This article should be of use to foresters and scientists in Turkey and central Europe who are working with this important and valuable tree species in the face of climate change.

It gives an overview of the seed harvesting stands, gene-conservation stands and seed orchards that ensure the survival of the Lebanese cedar and form the basis for its future cultivation. It presents the important activities of tree nurseries, and describes how planting material is produced.

The stand establishment activities presented are of crucial importance for all practitioners. Experience gained in afforestation measures with this species could be a basis for future provenance trials, new seed orchards and assisted migration.

Natural occurrence of the Lebanese cedar

In Turkey, 899,522 ha of forest areas had been afforested or reforested by 2020 and a total of 3,254,169 ha of forests had been artificially established. The Lebanese or Taurus cedar (Cedrus libani A. Rich.) is a frequently used tree species in this. Its natural range stretches across Turkey, Lebanon and Syria (Fig. 1).

The Lebanon cedar forests in Turkey cover an area of 482,391 ha, making up more than half of the species’ total distribution area globally. In the Taurus Mountains this species can be found at altitudes of 800 m to 2,100 m a.s.l.. Although the Lebanon cedar is considered a symbol of longevity, sanctity and peace, it is classified as a vulnerable species by the IUCN, due to its limited range, the degradation of its habitat, and the loss of mature individual specimens. It is endangered among other things by grazing of the forests by goats, urbanisation, overexploitation of the stands, pest infestations, and damage caused by winter sports.

Adaptability to climate change

As one of the key species of the natural Mediterranean ecosystems, the genetic resources of the Lebanon cedar present both great opportunities and challenges for utilisation and conservation. The biggest challenges include climate change, forest fragmentation and intensive forestry, as well as forest fires, pests and diseases. On the other hand, the Lebanon cedar is being discussed as a drought-tolerant tree species for future reforestation measures in Turkey and in central Europe.

In the study by Messinger et al. (2015), the Lebanese cedar showed slow but continuous radial growth during the dry summer in Elmali, confirming its exceptional tolerance of drought. The results indicate a high degree of adaptation of Lebanese cedar to current and future climatic conditions in central Europe. The Lebanese cedar can tolerate extreme cold in winter and prolonged drought in summer. Their average temperature range is from - 15 to + 7.5 °C, with extremes of - 35 °C in winter and + 40 °C in summer. Average annual precipitation in the various cedar stands varies from 540 to 1,500 mm, and growth is strongly influenced by spring precipitation patterns and the thawing of snow.

Provenance tests from Italy, France and Turkey show that the survival rate of Lebanese cedars is higher than that of other cedars in arid summers. The results of the trials that have been running in Isparta and Elmali for 11 years showed that Lebanon cedar saplings of Turkish provenance performed best in terms of their survival rate and growth.
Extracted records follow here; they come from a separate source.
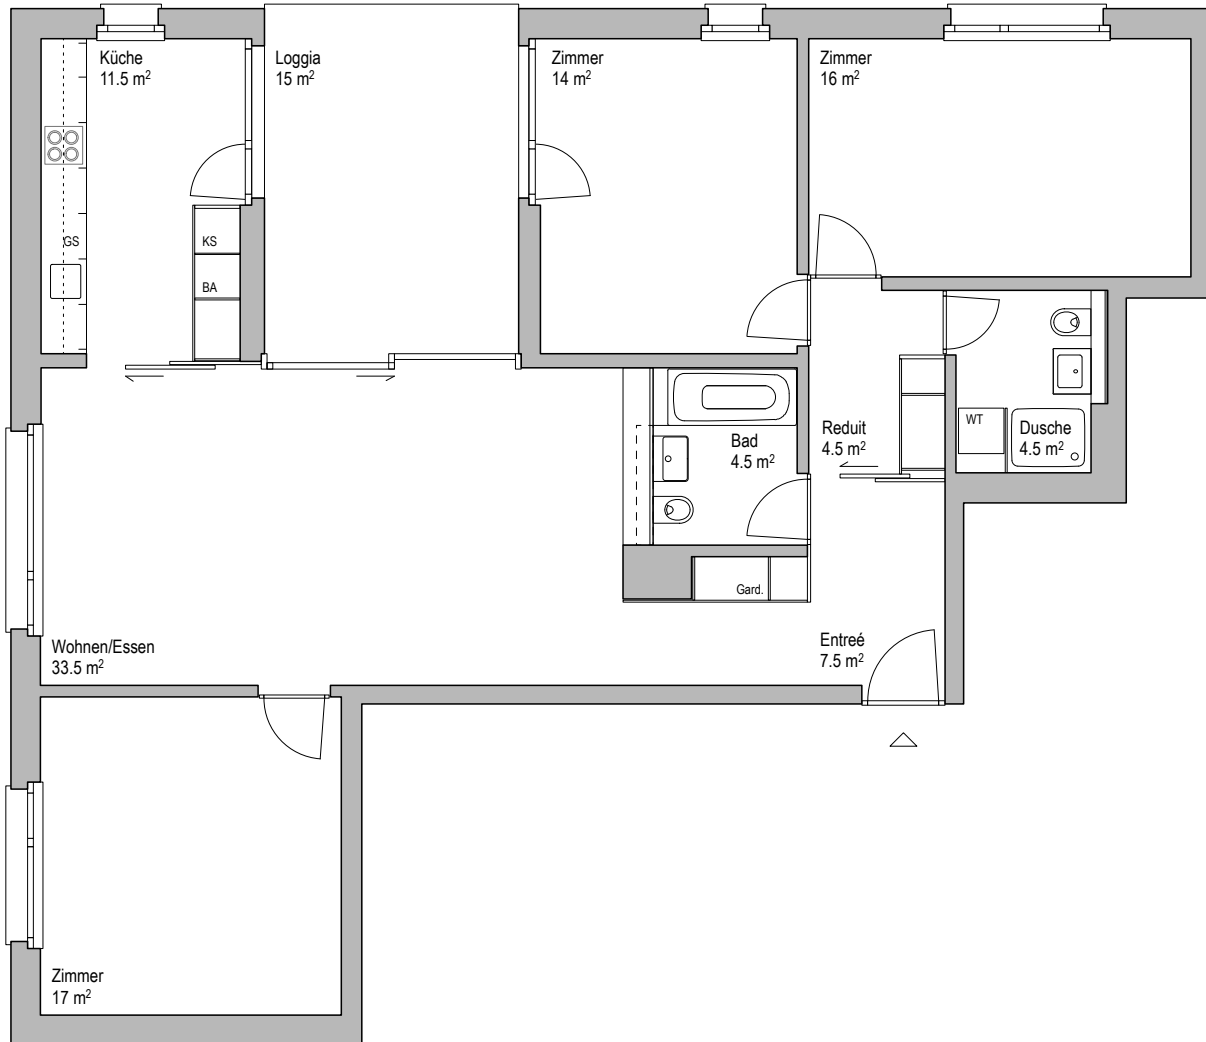

## Erdgeschoss

### Eigentumswohnungs-Nr. 16.01

Benoit-Mayweg 16  
4,5 Zimmer-Wohnung  
NWF 113 m<sup>2</sup>

0 5
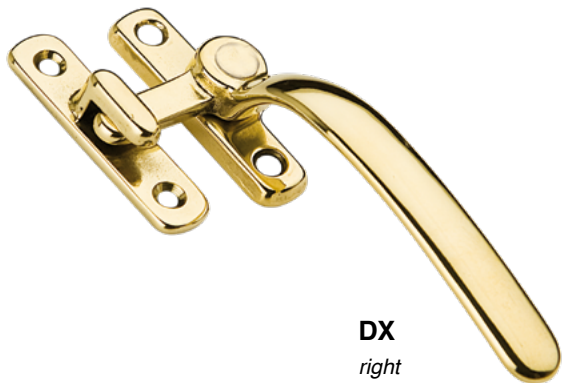

www.pacemaurizio.it - E Mail: info@pacemaurizio.it

Made in Italy

ART.

DESCRIZIONE / Description

41 + 41/A

MANIGLIA BLOCCO TONDA CON INCONTRO DX - SX

Round block handle with built-in keeper right / left

DX
right
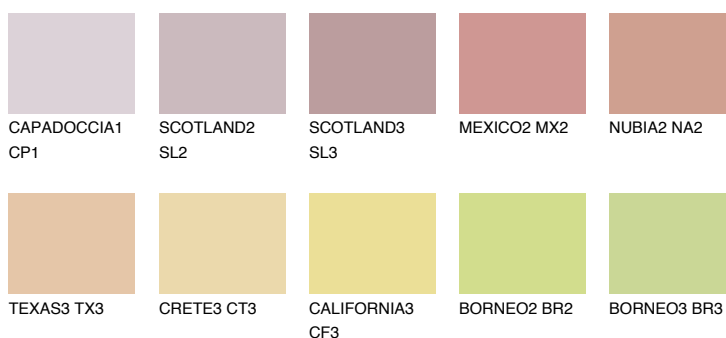

**INDIANA2 IN2**59% **TSR** 63%**Doplňkové farby****ODTIENE CON****Odtiene Intense**

Viac informácií o omietkach a náteroch nájdete na
www.ceresit.sk

*Prezentované farby sú súčasťou aktuálnej palety fasádnych omietok a náterov Ceresit. Berte prosím na vedomie, že sa farby v originálnej podobe môžu líšiť od farieb zobrazených na monitore. Elektronická a tlačaná podoba vzorkovníka nie je považovaná za plne spoľahlivú prezentáciu. Odporúčame preto vybrané farby porovnať so skutočnými vzorkovníkmi.
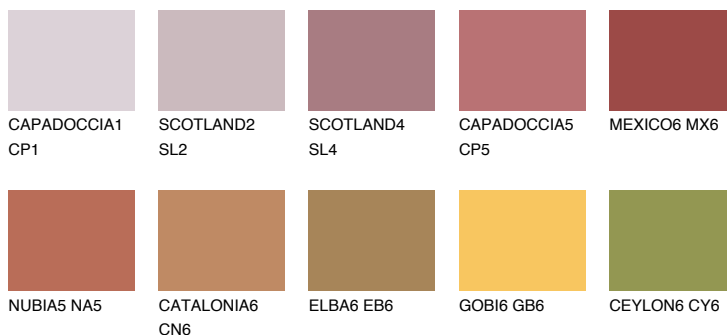

**MEXICO5 MX5**19% **TSR** 45%

Соодветна нијанса

COLOURS OF NATURE ПАЛЕТА

ПАЛЕТА НА ИНТЕНЗИВНИ БОИ

За повеќе информации за малтери и бои, посетете

www.ceresit.mk

Презентираните нијанси се однесуваат на малтери и бои што ги нуди Ceresit. Поради употребата на дигитални техники, презентираниите бои можеби не ги претставуваат оригиналните, па затоа не можат да се сметаат за сигурна презентација на бои. Препорачуваме да ги проверите автентичните тон карти на Ceresit.
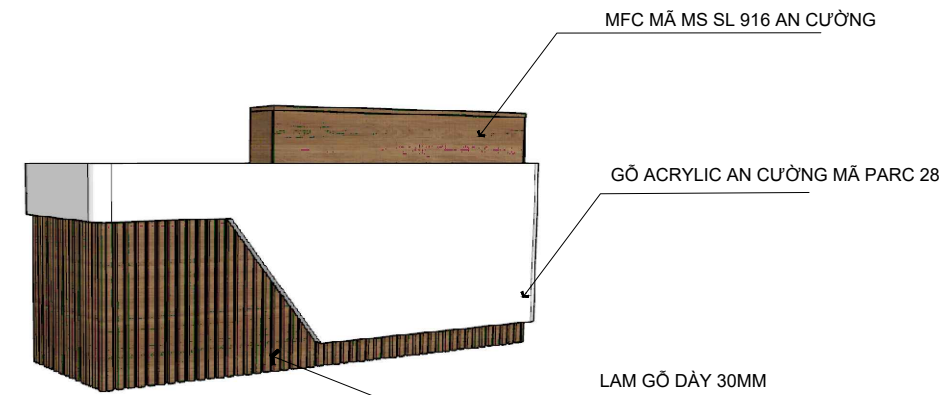

GHI CHÚ:

MÃ GỖ	HÌNH ẢNH
MFC MÃ MS SL 916 AN CƯỜNG	

CHI TIẾT TỦ SÁCH PHÒNG HỌC

MẶT ĐỨNG

MẶT BÊN

MẶT BẰNG

MFC MÃ MS SL 916 AN CƯỜNG

PHỐI CẢNH

GHI CHÚ:

MÃ GỖ	HÌNH ẢNH
MFC MÃ MS SL 916 AN CƯỜNG	

CHI TIẾT GHẾ PHÒNG HỌC

MẶT BẰNG

MẶT BÊN

MẶT BÊN

MẶT ĐỨNG

PHỐI CẢNH

GHI CHÚ:

MÃ GỖ	HÌNH ẢNH
MFC MÃ MS SL 916 AN CƯỜNG	

CHI TIẾT QUẦY LỄ TÂN

MẶT ĐỨNG

MẶT BẰNG

MẶT BÊN

GỖ TỰ NHIÊN LOẠI SÒI NGA
MÀU CẢNH GIẤN

PHỐI CẢNH
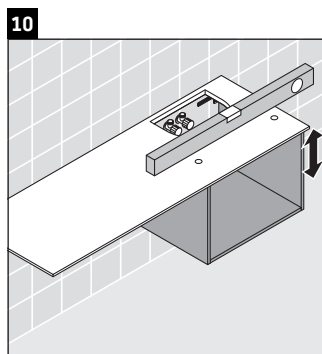

## Инструкция по монтажу

Соблюдайте размеры по сверлению!

Соблюдайте все дополнительные инструкции по монтажу!

Керамические изделия шире 600 мм должны крепиться к стене.

Мы оставляем за собой право на техническое усовершенствование и визуальные изменения изображенных изделий.

Best.-Nr. XL5416/16.11.1
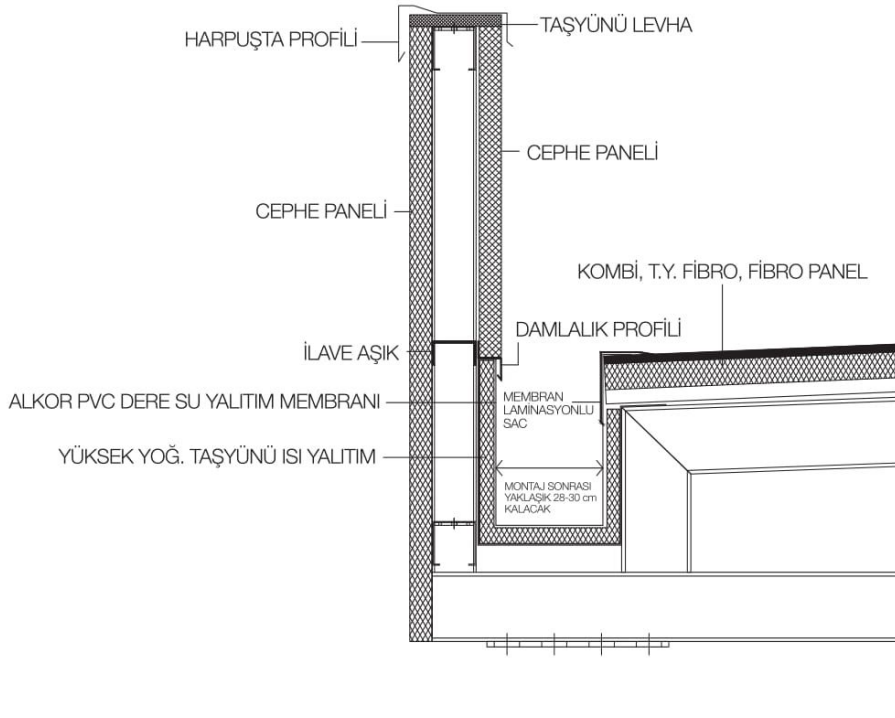

3.51

MEMBRANLI ÇATI PANELİ DERE DETAYI

www.tekiz.com.tr

Detay No
51

- Detaylarda kullanılan konstrüksiyonlar öneri niteliğindedir, her proje koşullarına göre doğruluğu kontrol edilmelidir.
- İzocam herhangi bir ürünü önceden haber vermeksizin üretimden kaldırabilir veya yeni bir ürünü üretim gamına ekleyebilir.
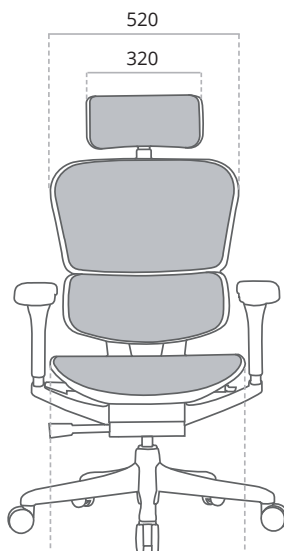

COMPOSITE POLYMÈRE FONCTIONNEL

 **Réduction**
de la pollution
de l'air intérieur

 **Plus**
ferme

 **Surface**
de meilleure
qualité

 **Plus**
léger

DIMENSIONS (EN MM)

Structure Ergohuman Gris/Noir

510
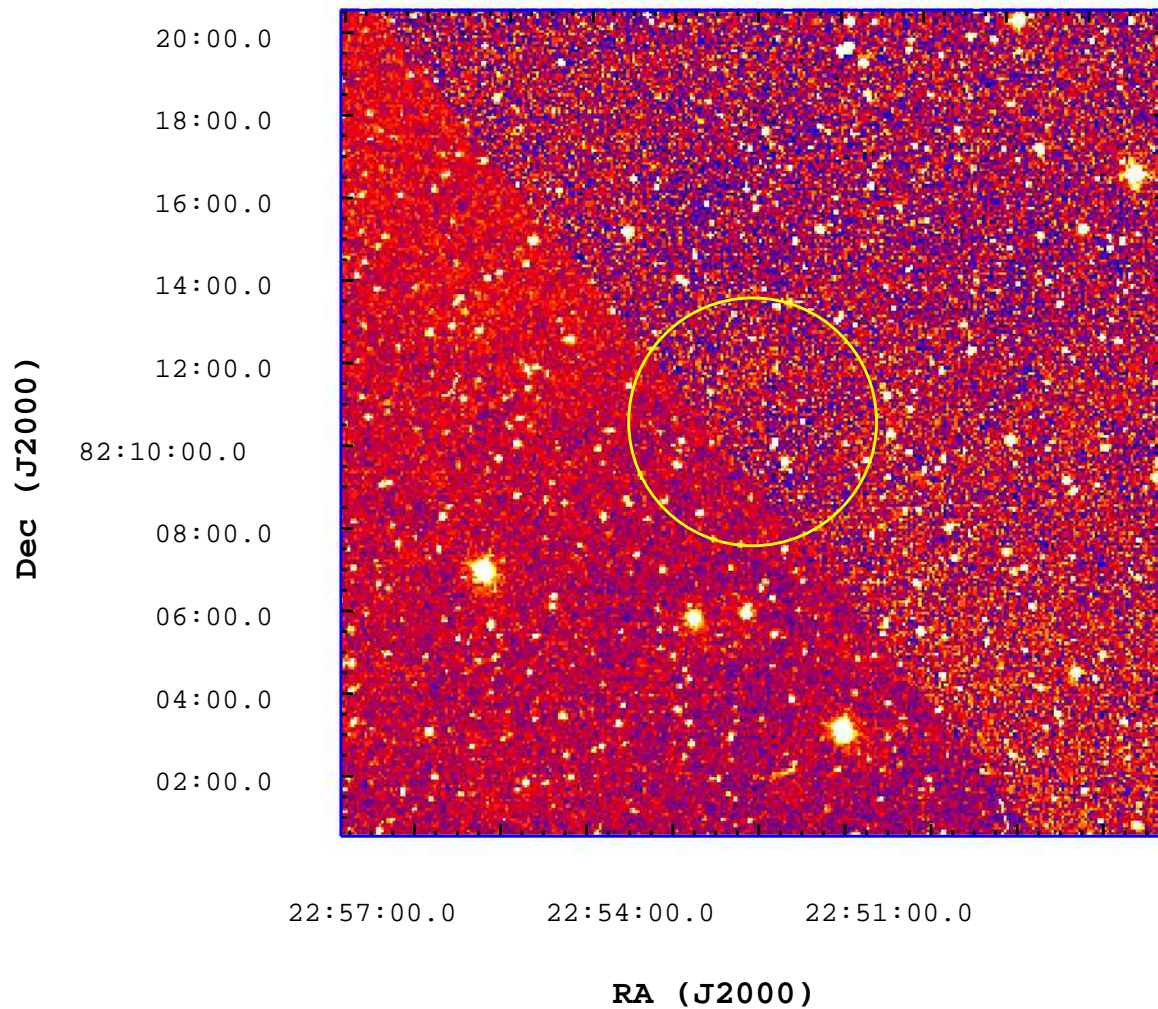

UVOT Finding Chart

OBSID 00558982000 / DATE-OBS 2013-06-25T07:06:05.5

2500

3000

3500

4000

4500
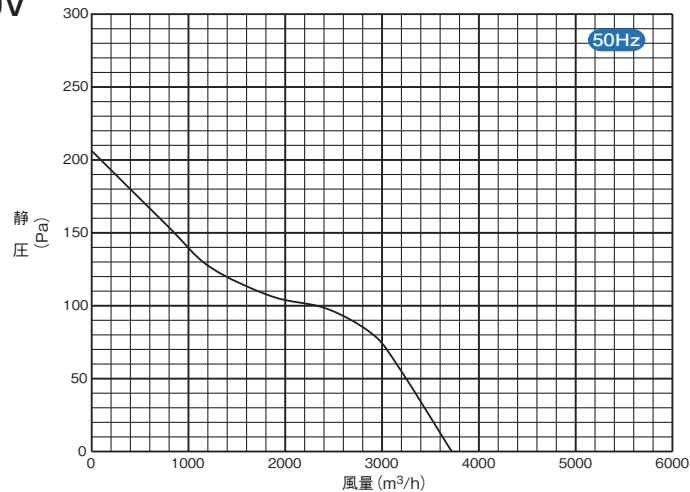

EWF-40DTA

3相200V

3相220V
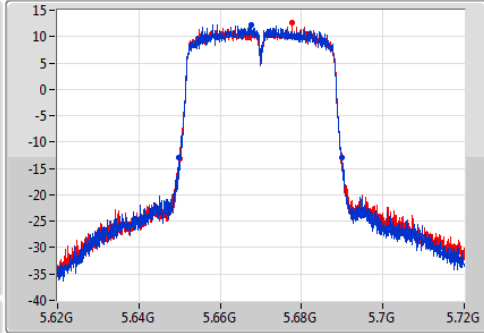

802.11ac VHT40_Nss1,(MCS0)_2TX

EBW

5670MHz

Ch Freq
5.67GHz
Span
100MHz
RBW
500kHz
VBW
2MHz
Sweep Time
100ms
Detector Type
Peak

Ch Freq
5.67GHz
Span
100MHz
RBW
500kHz
VBW
2MHz
Sweep Time
100ms
Detector Type
Sample

The French provenance of Atlas cedar (Cedrus atlantica) followed them in second place. Cedrus brevifolia provenances (Cyprus cedars) showed satisfactory results in terms of survival, but lagged behind in terms of their growth.

Further studies should be carried out to evaluate the promising potential of the Lebanese cedar for attempts at assisted migration within its natural range. These results can be used to establish stable and productive forest stands.

Climate change scenarios for the Lebanese cedar

Spatial shifts in the climatic adaptation of different tree species have been shown in numerous studies, and the need for assisted migration has been discussed. In view of the current and expected climate change, the use of propagation material from local populations may bring an increased risk of failure and a decline in vigour and growth. Reafforestation programmes designed on the basis of climate change forecasts are considered to be one of the most effective strategies for adapting forests to climate change. This can improve the resilience of forest ecosystems and increase their economic value.

The study carried out by Lopez-Tirado et al. (2021) concentrates on the potential distribution of the Lebanese cedar at present and in the future in Lebanon, Syria and Turkey. For the modelling, the researchers use 24 environmental variables, 13 general circulation models and 6 algorithms (climate space model, envelope score, environmental distance, genetic algorithm for rule-set production, maximum entropy and support vector machines). The modelling for two scenarios and two time periods shows an expansion of the area of suitable habitat for the Lebanon cedar relative to current areas (all existing natural and artificial stands) and potential areas, as well as a shift in altitude in the year 2070 (Tab. 1). Various studies show that the factors correlated with altitude are the most significant.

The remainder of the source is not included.